Note: I am aware of the GX’s off-road pedigree it shares with Toyota’s Land Cruiser family. Unfortunately, I did not have the opportunity to go off-pavement this time around, so I have no impressions to share in that regard. Next time.
In a sense it feels like the GX’s time has come and gone. A once proud and shiny status object that the relentless march of technology has rendered almost irrelevant, or at least retrograde.
But couldn’t the same be said for all body-on-frame SUVs in 2020? They are all anachronisms to varying degrees with their big V8s, hulking structures and lack of electrified powertrains. The category has its drawbacks, and so does the GX.
On-road performance is mediocre, it feels small inside for a seven-passenger vehicle and the cabin is showing its age.
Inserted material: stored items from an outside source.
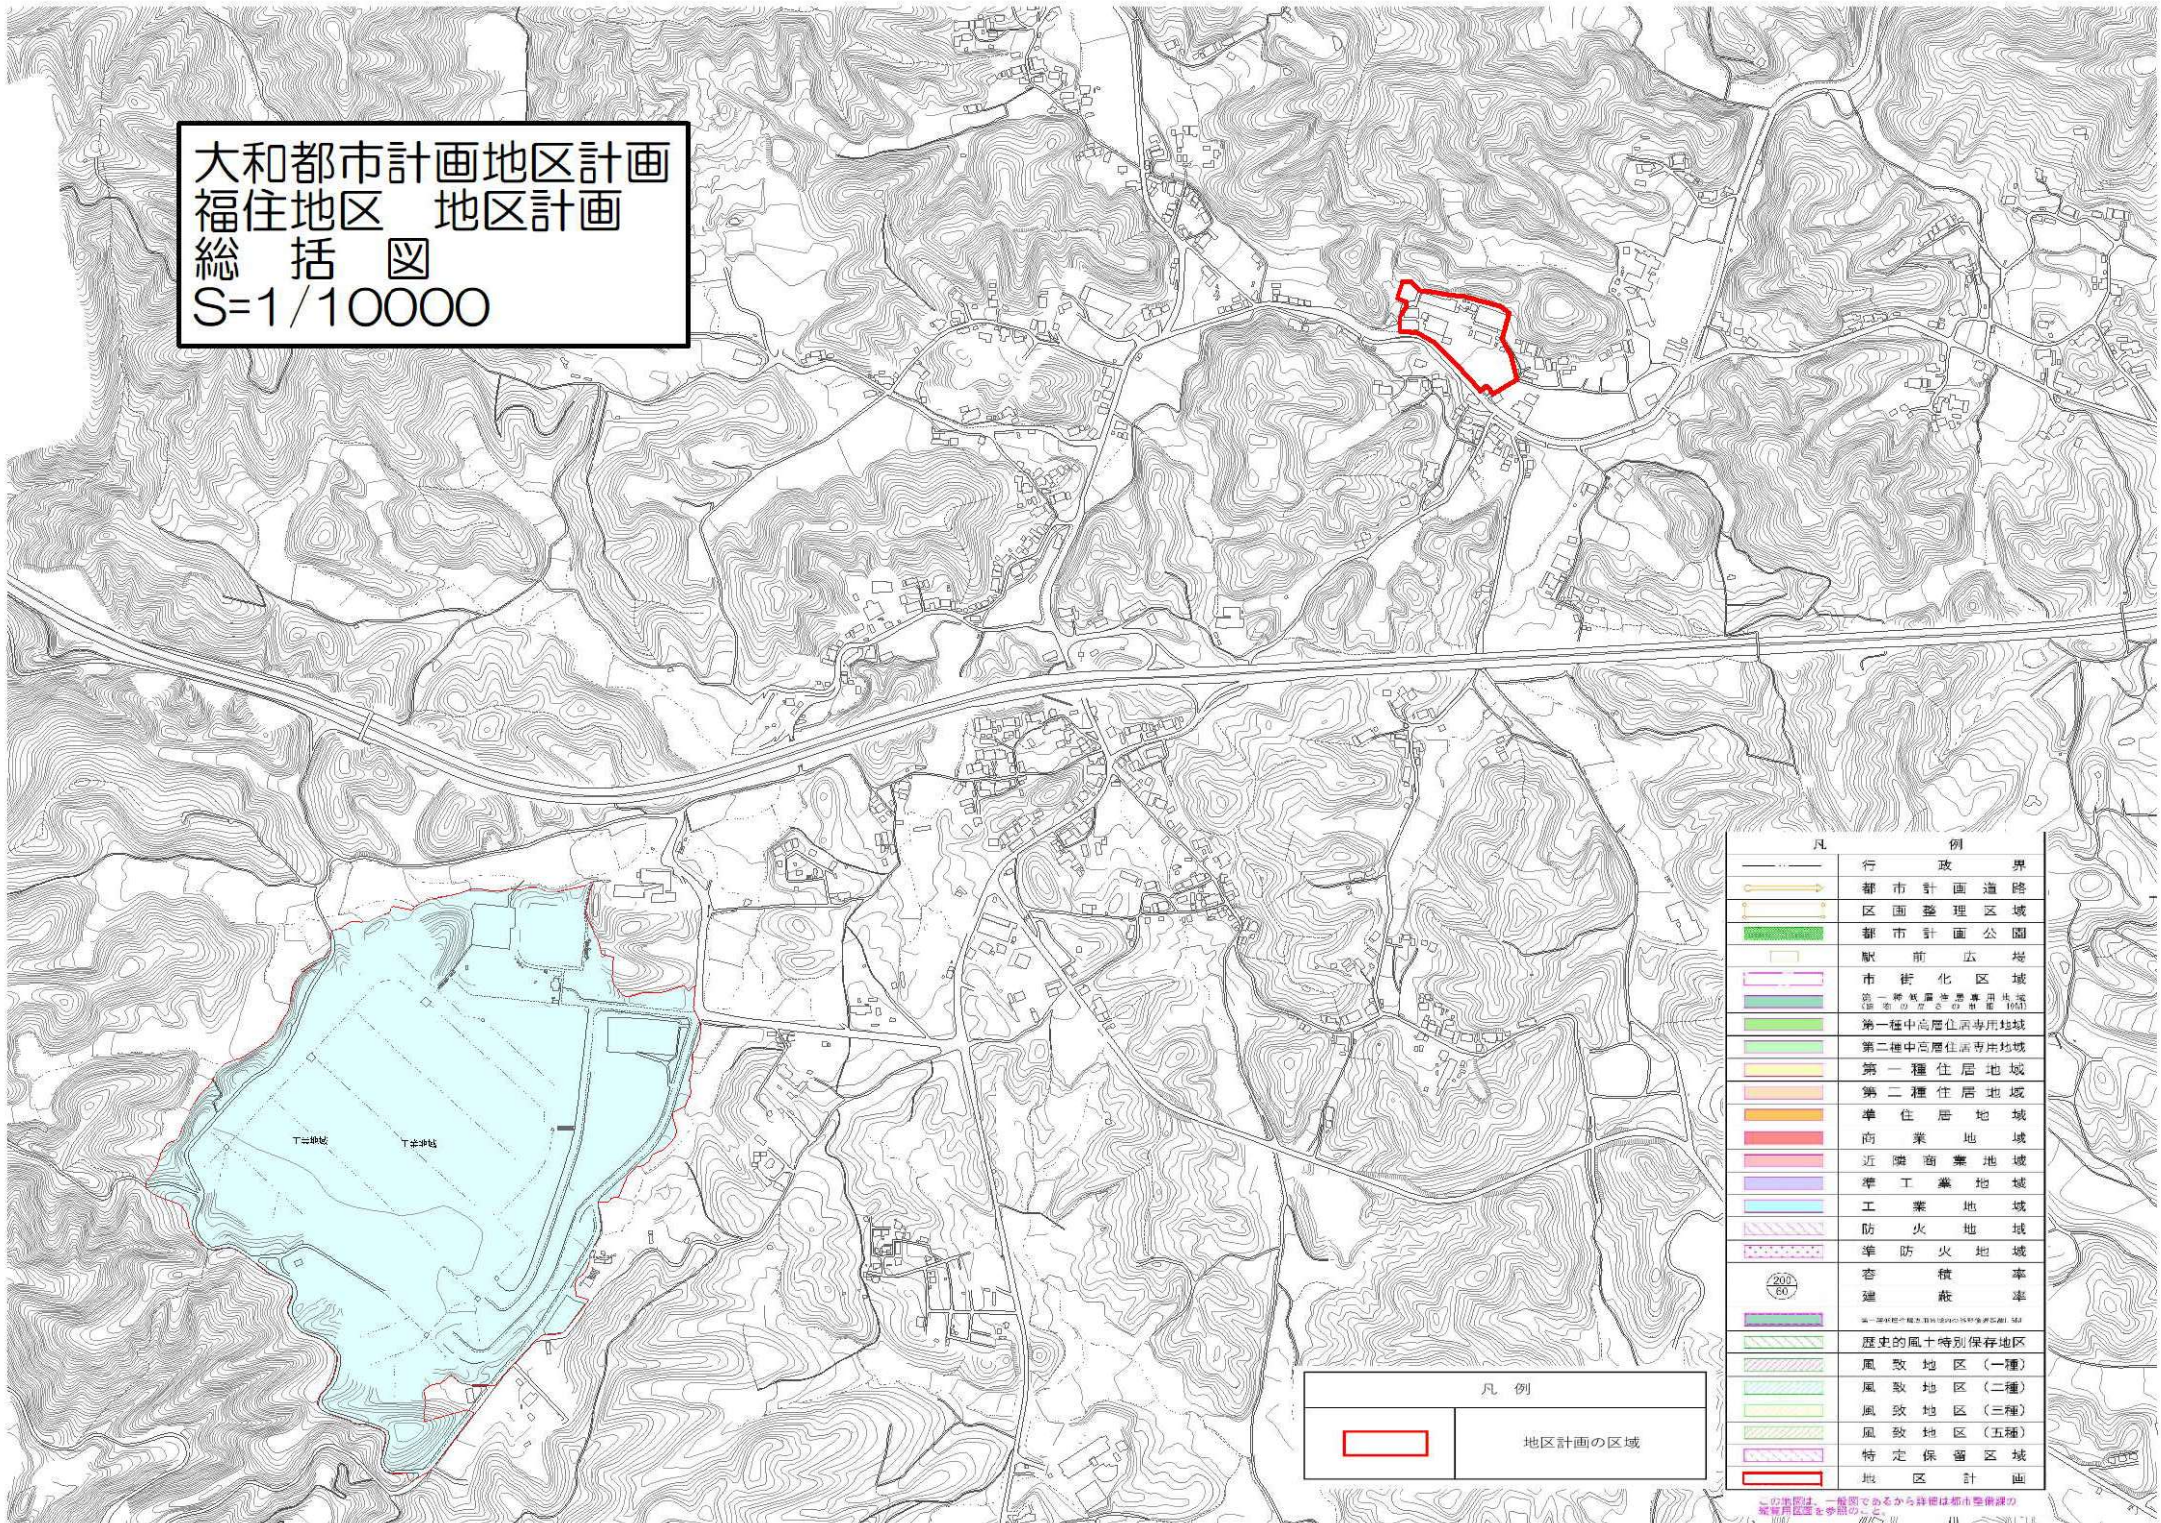

大和都市計画地区計画
 福住地区 地区計画
 総括図
 S=1/10000

凡 例	
	行政界
	都市計画道路
	区画整理区域
	都市計画公園
	駅前広場
	市街化区域
	第一種中高層住居専用地域
	第二種中高層住居専用地域
	第一種住居地域
	第二種住居地域
	準住居地域
	商業地域
	近隣商業地域
	準工業地域
	工業地域
	防火地域
	準防火地域
	容積率 建築率
	歴史的風土特別保存地区
	風致地区(一種)
	風致地区(二種)
	風致地区(三種)
	風致地区(五種)
	特定保蓄区域
	地区計画

凡 例	
	地区計画の区域
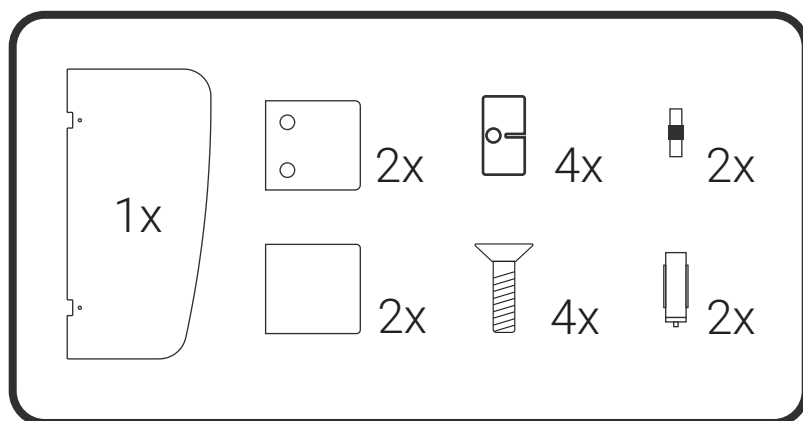

DĚLÍČÍ STĚNA

Dbejte na dostatečné ukotvení
úchytek do stěny.

Nečistěte agresivními prostředky.
Používejte běžné čističe do koupelen.

obsah balení

rozebrání uchytky

návod

TITAN - Multiplast s.r.o.

Jablonecká 1379
468 51 Smržovka

But it also has strengths: loaded with premium content, respected off-road pedigree and Lexus build quality, all for a reasonable price.
The GX isn’t cutting edge now, nor has it really ever been. But it’s the product of decades worth of proven technology that owners can trust. True, the GX’s market is small, at least in Canada, but those who invest know exactly what they’re buying. And it’s hard to put a price on that.